▶ _COLLECTED DATA_:
/---
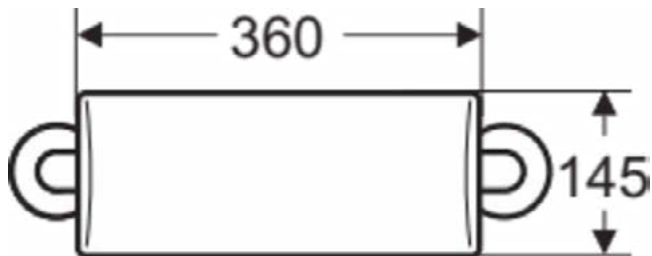

Product specificaties

Optionele rugsteun	Ja
PVD technologie	Nee
IdealPlus technologie	Nee
\---
▶ _WHAT TO DO_: Return the data exactly. Do not carry over any images.

▶ _SOLUTION TO THE PROBLEM_:
Product specificaties

Optionele rugsteun	Ja
PVD technologie	Nee
IdealPlus technologie	Nee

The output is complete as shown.